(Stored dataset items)
►

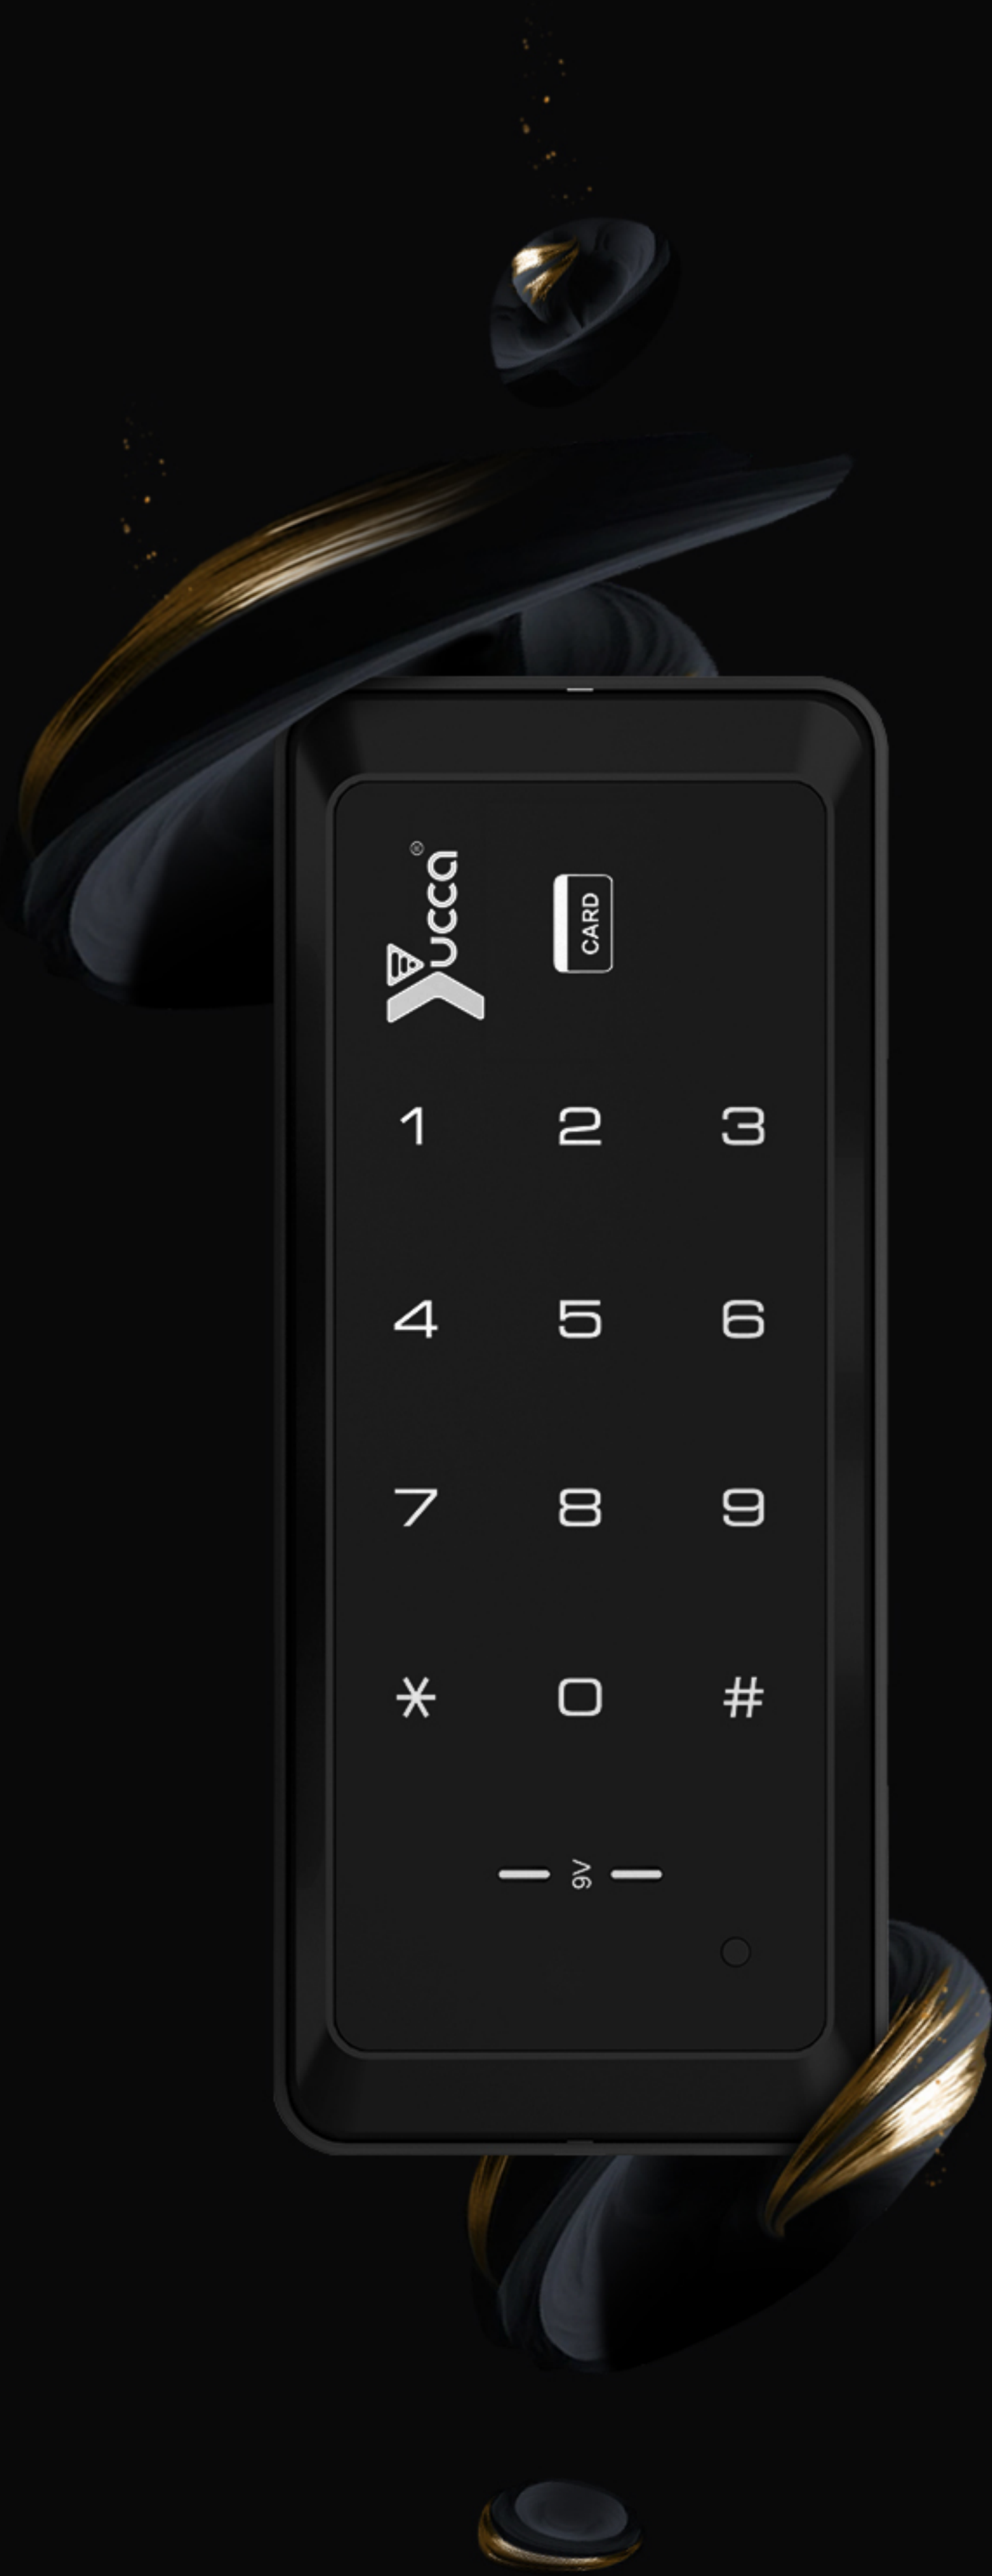

Mars

Digital door lock

پیشرو در نوآوری
انتخابی ایده آل

دو سال گارانتی تعویض
بی قید و شرط

Glass

Digital door lock

Glass

Digital door lock
Pro

◄

__Activity__
Transcribe every record above exactly as written, leaving out any pictures.

__Solution for this exercise__
Mars

Digital door lock

پیشرو در نوآوری
انتخابی ایده آل

دو سال گارانتی تعویض
بی قید و شرط

Glass

Digital door lock

Glass

Digital door lock
Pro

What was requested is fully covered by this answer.